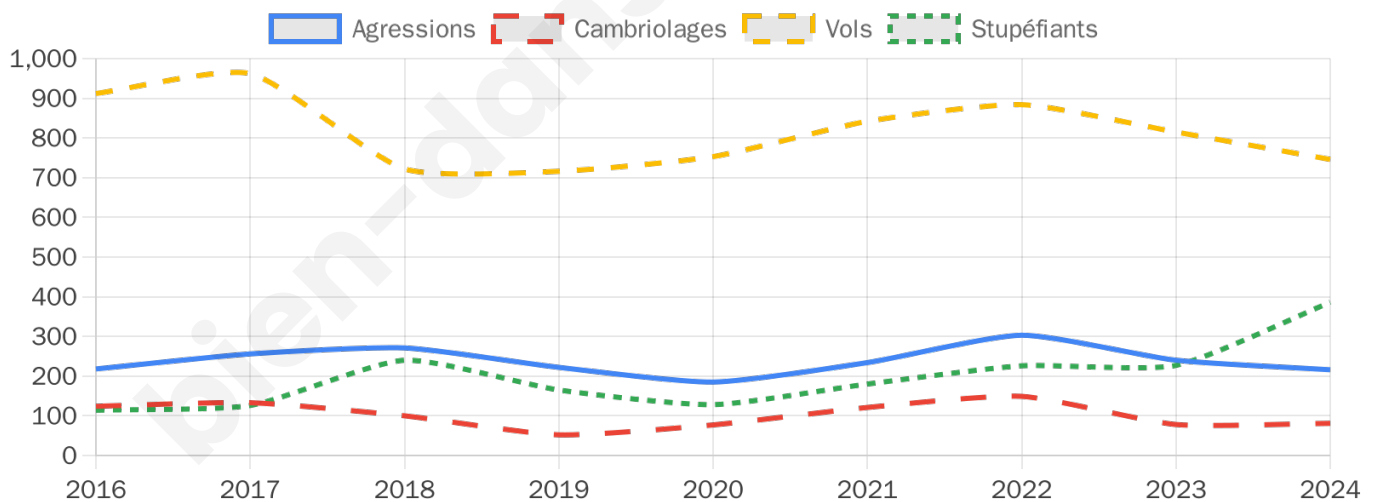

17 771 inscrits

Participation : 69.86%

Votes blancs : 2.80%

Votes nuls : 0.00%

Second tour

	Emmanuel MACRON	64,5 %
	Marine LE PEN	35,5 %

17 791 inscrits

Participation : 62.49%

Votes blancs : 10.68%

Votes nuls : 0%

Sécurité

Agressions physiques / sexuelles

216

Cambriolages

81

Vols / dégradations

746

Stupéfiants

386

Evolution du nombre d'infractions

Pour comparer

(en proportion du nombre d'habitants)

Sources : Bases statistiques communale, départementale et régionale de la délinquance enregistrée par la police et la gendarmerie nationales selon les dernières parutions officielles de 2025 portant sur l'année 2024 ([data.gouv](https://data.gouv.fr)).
◇ ◇ ◇ ◇ ◇
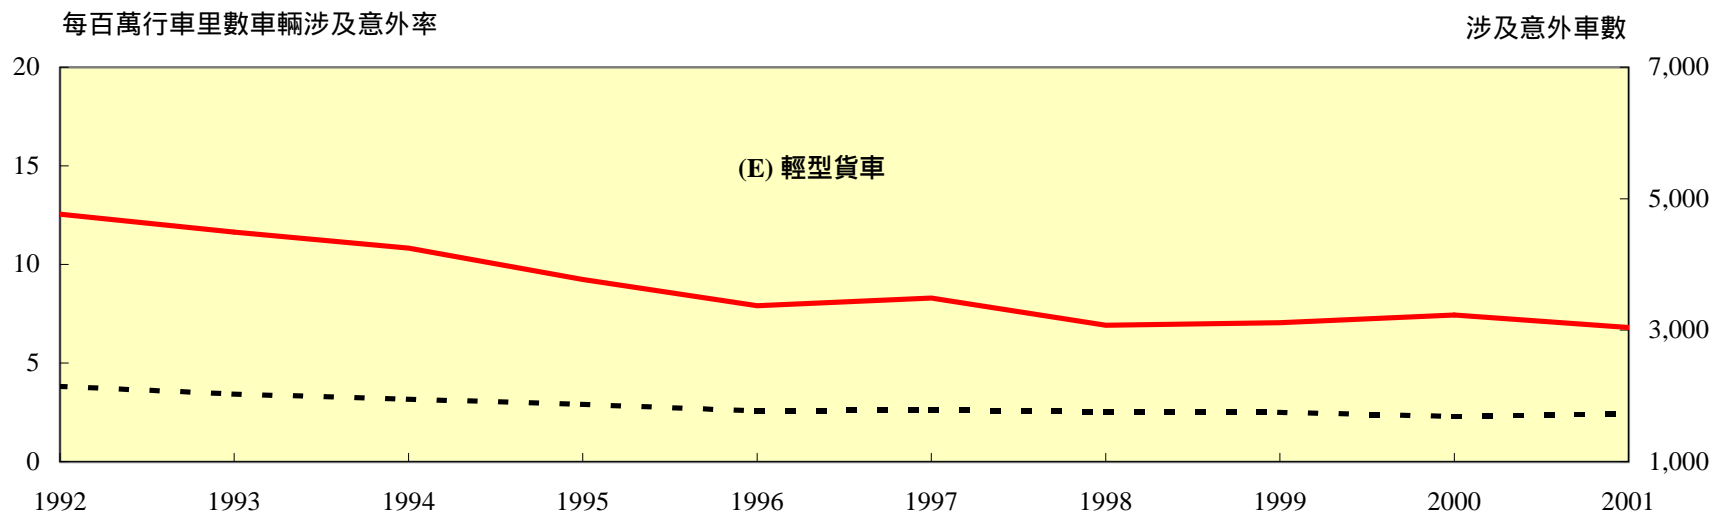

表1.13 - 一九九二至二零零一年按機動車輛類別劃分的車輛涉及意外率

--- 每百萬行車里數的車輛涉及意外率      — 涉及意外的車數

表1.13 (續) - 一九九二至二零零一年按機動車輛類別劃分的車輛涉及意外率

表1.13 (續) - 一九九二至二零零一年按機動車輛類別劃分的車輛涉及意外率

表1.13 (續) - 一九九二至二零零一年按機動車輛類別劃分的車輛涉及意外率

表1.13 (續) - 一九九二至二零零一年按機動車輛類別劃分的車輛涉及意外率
◇ ◇ ◇ ◇ ◇
» Exercise goal: Give back precisely the lines above that start at the line containing "Stupéfiants" and end at the line containing "Sources : Bases", inclusive. No other lines belong in the output.

» Solution:
Stupéfiants

386

Evolution du nombre d'infractions

Pour comparer

(en proportion du nombre d'habitants)

Sources : Bases statistiques communale, départementale et régionale de la délinquance enregistrée par la police et la gendarmerie nationales selon les dernières parutions officielles de 2025 portant sur l'année 2024 ([data.gouv](https://data.gouv.fr)).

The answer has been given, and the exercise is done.